:: DATASET RECORDS ::

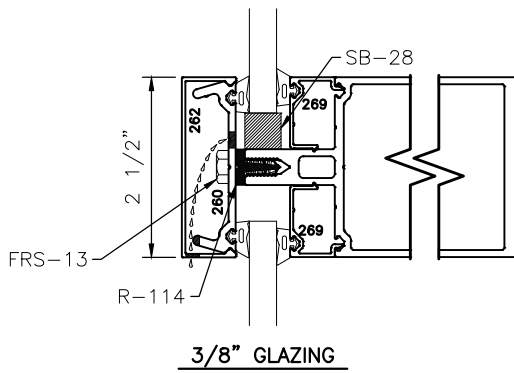

250 C.W.

2-1/2" EXTERIOR GLAZED  
CURTAIN WALL  
GLAZING OPTION DETAILS

BACKMEMBER SIZE VARIES.

250 C.W.

2-1/2" EXTERIOR GLAZED  
CURTAIN WALL  
GLAZING OPTION DETAILS

BACKMEMBER SIZE VARIES.
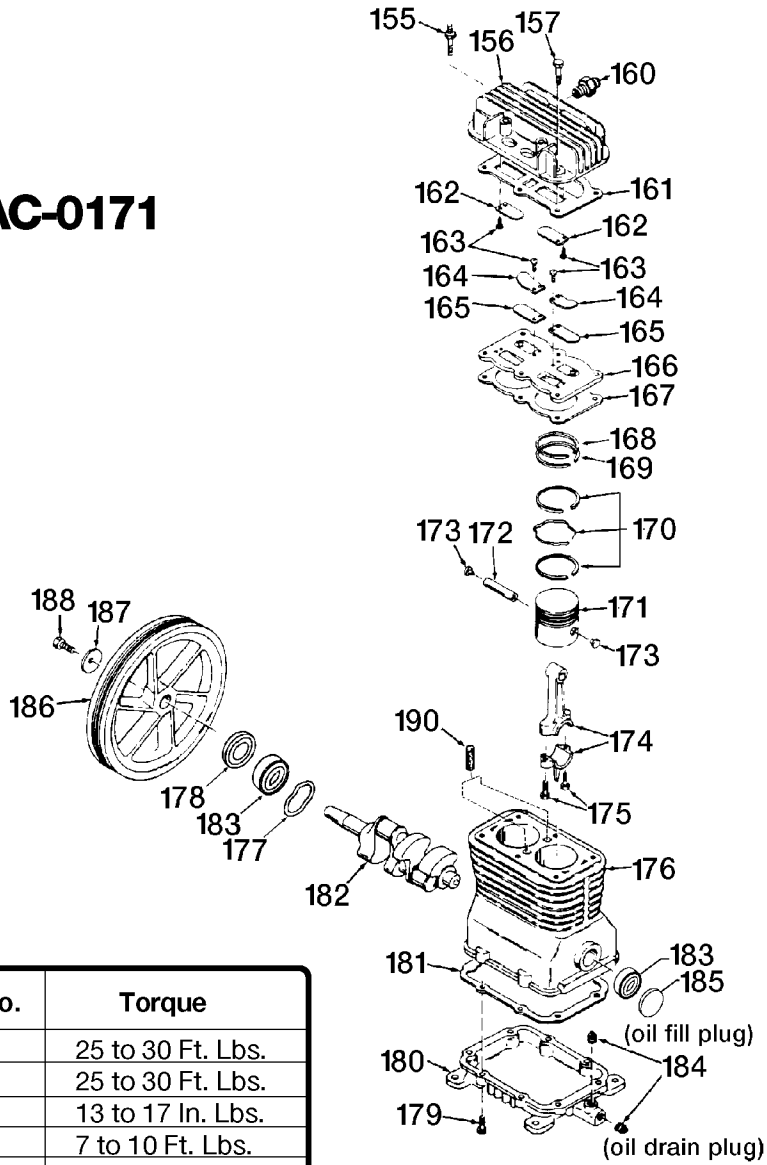

# AC-0171

Key No.	Torque
155	25 to 30 Ft. Lbs.
157	25 to 30 Ft. Lbs.
163	13 to 17 In. Lbs.
175	7 to 10 Ft. Lbs.
179	9 to 12 Ft. Lbs.
188	15 to 20 Ft. Lbs.

## Parts List for AFL660V Type 0

Item Number	Part Number	Description	Qty Required
1	SSF-953-ZN	SCREW #10X.625 HHW S	1
2	000000-00	No Longer Available	1
3	SSF-8113-ZN	NUT .375-16X.563 HEX	1
4	000000-00	No Longer Available	1
5	CAC-362-1	CLOSURE BELTGUARD	1
6	SSP-9401	CONNECTOR BODY STRAI	1
7	SSP-7812	ASSY NUT SLEEVE 1/2	2
8	SS-8553	CONNECTOR BODY	1
9	SSP-7811	ASSY NUT SLEEVE 1/4	1
10	C-BT-224	BELT 6J 47.3 EFF	1
11	SS-391	SCREW .250-20 .625 S	1
12	000000-00	No Longer Available	1
13	SUDL-65	KEY MOTOR SHAFT	1
14	CAC-4205	CORD MOTOR SJT 14G	1
15	Z-MO-3022-1	MOTOR 2 POLE 240V O/	1
16	CAC-1331	TUBE PRESSURE RELEAS	1
17	SSF-928	SCREW .313-18X.875 H	4
19	000000-00	No Longer Available	1
20	SS-3222-CD	PLUG PIPE	1
21	CAC-95	MANIFOLD	1
22	TIA-4150	VALVE SAFETY 150 .25	1
23	A18885	GAUGE	1
24	39124607	SCREW .250-20X.625 H	2
26	000000-00	No Longer Available	1
27	N000323	VALVE GLOBE 200 PSI	1
29	SSF-8150	NUT .312-18 UNC HEX	1
35	000000-00	No Longer Available	1
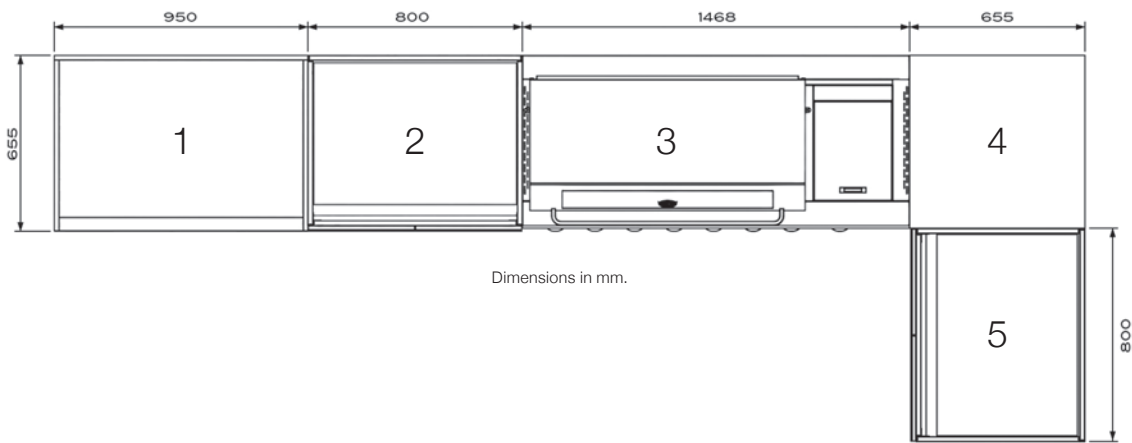

suggested configuration: right L shape.

#	Modular Units	Code	₪	US\$
1	Fridge Module without Countertop	BYS-TOS-FWC90-MB	1750.00	477.00
2	Double Door Cabinet without Countertop	BYS-TOS-DDR80-MB	3235.00	881.00
3	Freestanding 6B Gas BBQ Grill	BYS-TOS-BBQ150-FS-BK	12980.00	3537.00
4	Corner Cabinet without Countertop	BYS-TOS-CRN62-MB	2060.00	561.00
5	Double Door Cabinet without Countertop	BYS-TOS-DDR80-MB	3235.00	881.00

:::

WHAT YOU SHOULD DO
Reproduce only the lines from the beginning of the data through the line that contains "17 In. Lbs.", both included, and please drop the pictures.

WRITTEN SOLUTION
250 C.W.

2-1/2" EXTERIOR GLAZED  
CURTAIN WALL  
GLAZING OPTION DETAILS

BACKMEMBER SIZE VARIES.

250 C.W.

2-1/2" EXTERIOR GLAZED  
CURTAIN WALL  
GLAZING OPTION DETAILS

BACKMEMBER SIZE VARIES.

# AC-0171

Key No.	Torque
155	25 to 30 Ft. Lbs.
157	25 to 30 Ft. Lbs.
163	13 to 17 In. Lbs.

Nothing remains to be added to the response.